By Scoop A. Wasserstein, Crimson Staff Writer

Finally, a movie that has the balls to say that being true to yourself is more commendable than being a soulless capitalist. It’s a bold stance to say that “money isn’t everything,” so kudos to writer/director Paul Weitz.

Ostensibly, In Good Company is the story of what happens when a 26-year old corporate schmuck with no experience named Carter Duryea (Topher Grace) is installed as the boss of the newly demoted 52-year old ad sales veteran Dan Foreman (Dennis Quaid). The magazine for which Forman used to run ad sales is the latest acquisition by a Newscorp-esque multi-media conglomerate. Coincidentally (and we all know big-budget feel-good flicks don’t have any real coincidences), Foreman has a very attractive 19-year old daughter, Alex (Scarlett Johansson), and a well-put together home. Soon, Duryea is wrestling Foreman toward current corporate practices and being seduced by the intellectual and beautiful Alex.

As a typical ambitious but callow Harvard youth, I am sort of expecting to kamikaze toward the top of the corporate ladder and, meanwhile, hoping a soul mate will fall into my lap—if for no other reason than it is expected. Company is scary, funny, relevant and, at its best, fairy-tale enchanting. It is scary because Duryea’s character at the beginning seems to be the best of what one can hope for in going from college to the corporate world: he is in a leadership role (a role given him, hilariously, because of his success in creating Dinosaur cell phones for the 2-6 demographic), he has a beautiful wife (Selma Blair in a somewhat demeaning cameo playing her Legally Blonde bitch) and oodles of money.

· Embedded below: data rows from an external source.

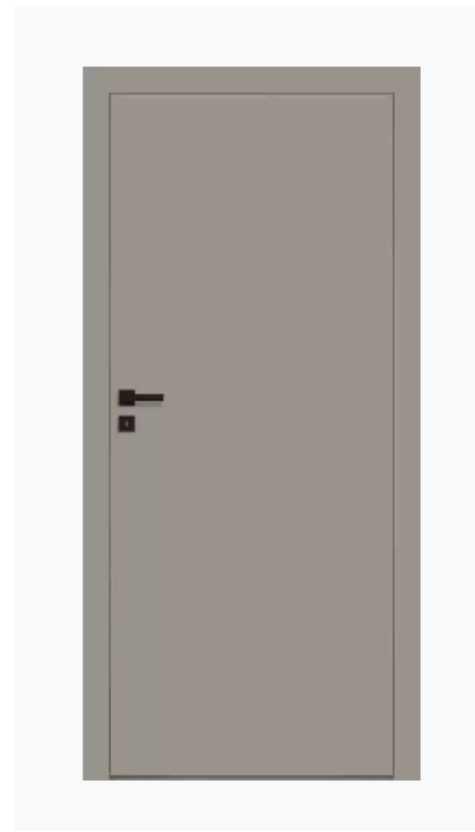

DOSTĘPNE KOLORY OKLEINY

Beton Oxide

Biela Mat

dqb szalwia

Jaena Szara Mat

kaszmir mat

Miedz antyczna

Niebieski Ciemny Mat

Oliwka Ciemna Mat

Szalwia mat

warm grey mat
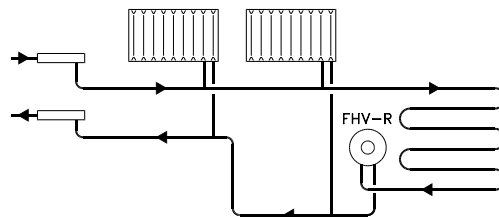

1

2

3

4

Fußbodentemperierung, Mischsystem:
Heizkreis mit FHV-R am Ende der
Fußbodenheizschlange.

Mixed system with radiators and UFH with
FHV-R valve in the return.

Installation mixte avec radiateurs et chauffage
par le sol avec vanne FHV-R dans le retour.

Gemengde installatie met radiatoren en
vloerverwarming met FHV-R kraanhuis in de
retourleiding.

Gulvtemperering, blandingssystem med
FHV-R i returløb.

↓ = Frostschutzeinstellung

Einstellzahlen und Schließtemperaturen
Setting scale and closing temperatures
Plage de réglage et températures de fermeture.
Instelbereik en sluitingstemperaturen.
Indstillingstal og lukketemperaturer
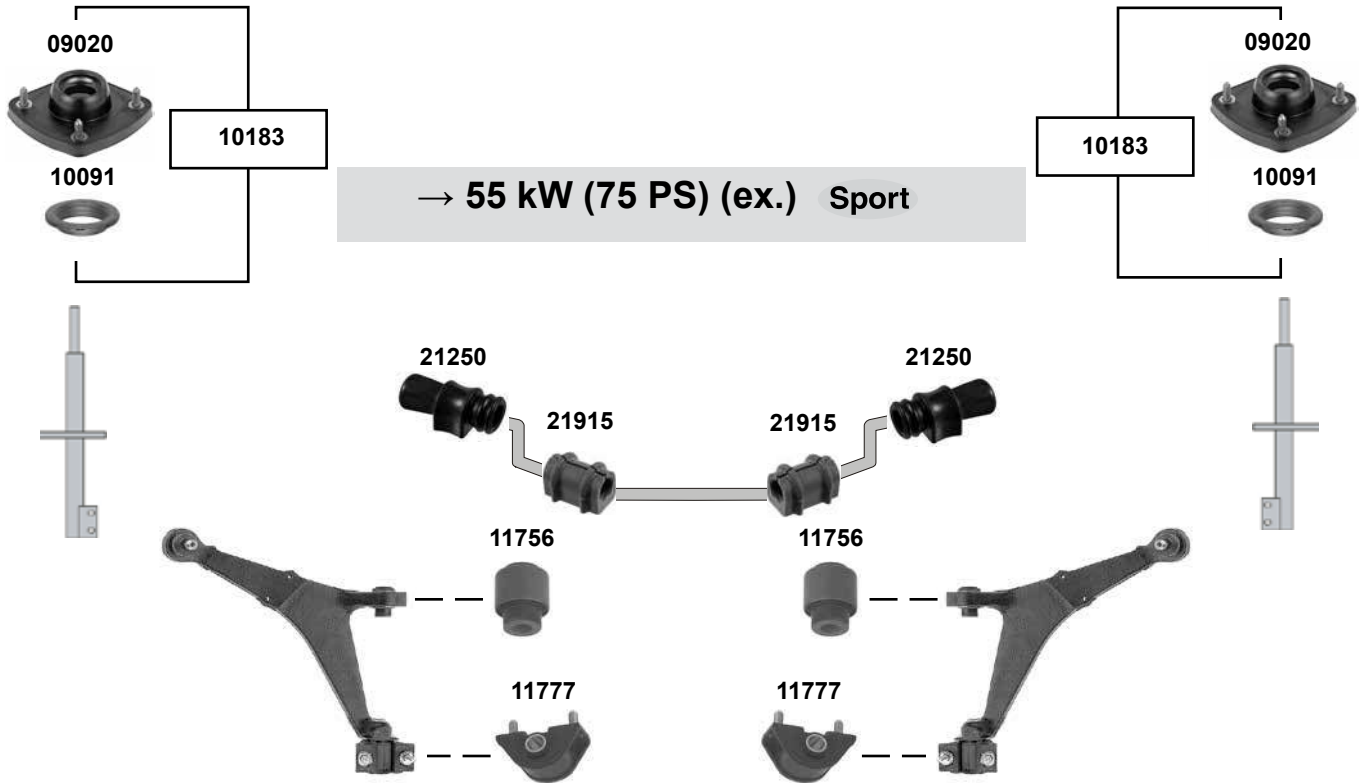

Saxo

(1996 →)

→ 55 kW (75 PS) (ex.) Sport

→ 55 kW (75 PS) Sport
65 kW (88 PS) → alle/all
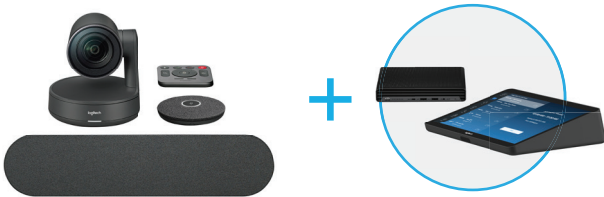

搭配 CC5000E – 中型房间

CC5000e
部件 # 960001217

电影品质的视频和出众的声音清晰度，以及运用 RightSense™ 开创式技术的智能摄像头控件。

1. 功能
2. Rally 摄像头和扬声器
   - CC5000e 麦克风
   - CC5000e 显示集线器
   - CC5000e 桌面集线器
   - 遥控器
   - CC5000e 安装套件
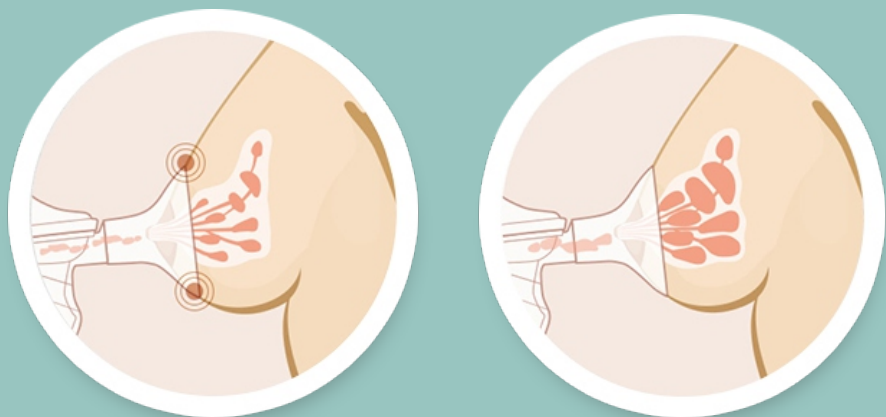

INTELIGENTNÍ ODSÁVAČKA MLÉKA

Neno Uno můžete upravit podle svých potřeb. Zařízení má 6 úrovní stimulace a 9 úrovní intenzity. Odsávačka si pamatuje poslední použité nastavení.
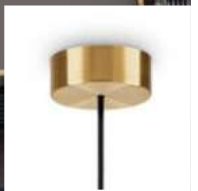

Triumph

Основание, ручки и покрывающие патроны колбы из металла чёрного покрытия или латунного покрытия под устаревший вид.

242347

160269

IP20

3,640 Kg / 0,0470 m³
E27 max 8 x 60W

242347 ■ Чёрный
160269 ■ Латунь

2200 K
300 Lm

151687

P. 322 P. 418

Abc

Потолочная чаша, покрывающие патроны колбы и декоративная структура полностью из металла покрытого матовой латуни. Провод из чёрной ткани.

IP20

0,590 Kg / 0,0117 m³
E27 max 1 x 70W

207834 ■ Латунь

2200 K
300 Lm

151694

IP20

0,570 Kg / 0,0100 m³
E27 max 1 x 70W

207841 ■ Латунь

2200 K
300 Lm

151700

IP20

0,610 Kg / 0,0100 m³
E27 max 1 x 70W

207858 ■ Латунь

2200 K
300 Lm

151717

Yet the movie’s ideal is Forman, who has been demoted at work, is unable to express his emotions, has had to take out a second mortgage to pay the bills, is expecting a new child at 52 and treats his daughters like he’s Jim Anderson, the patriarch of “Father Knows Best.” Basically, the people we are all being trained to be—concentrated on success in our chosen fields without understanding what it feels like to be happy—are doomed to never be at peace. Most of the film is intelligently and humanly funny. It shows that work is often about maintaining dignity at home as much as it is about what exactly one does; that people will do anything they can to not seem like the bad guy when firing people; that people are instinctively afraid of change; and that much of the motivational talk at work doesn’t actually mean anything. We learn that some families are well-adjusted and happy, even if they don’t quite understand how to grow out of traditional family roles. To compare, there are also examples of different household organizations like “my wife wears the pants” and no father/single mother. Oddly enough, they’re all played for laughs.

Caveat: Company is not Office Space, but it is not trying to be. It is not a romance, but a response to the current corporate climate. Foreman’s key speech is an indictment of the meaninglessness of corporate-speak that freezes the Murdochian C.E.O. of his company, inciting the audience to cheer. But sometimes the astonishingly charismatic cast gels so well that the movie just coasts into fairy-tale territory. Particularly during the scenes of Alex and Duryea finding happiness with each other, in the words of another film’s tagline, “you will believe a man can fly.”

The frustrating nature of this film is that it pulls the audience in with a witty dissection of modern corporate life, but its conclusion refuses to really address the issues it brings up. There is an undercurrent to the entire movie reinforced by its far-too-easy deus ex machina that says that the world should revert to the traditional archetypes of the 1950s. It is a frustrating punk-out that a movie so interested in looking at modern mores should seem like it could be a remake of a 1950s Cary Grant-Warren Beatty comedy. Walking out, there is the realization that there are a lot of problems ahead in trying to find a place in the real world that could make me content, but no understanding of how to find that contentment.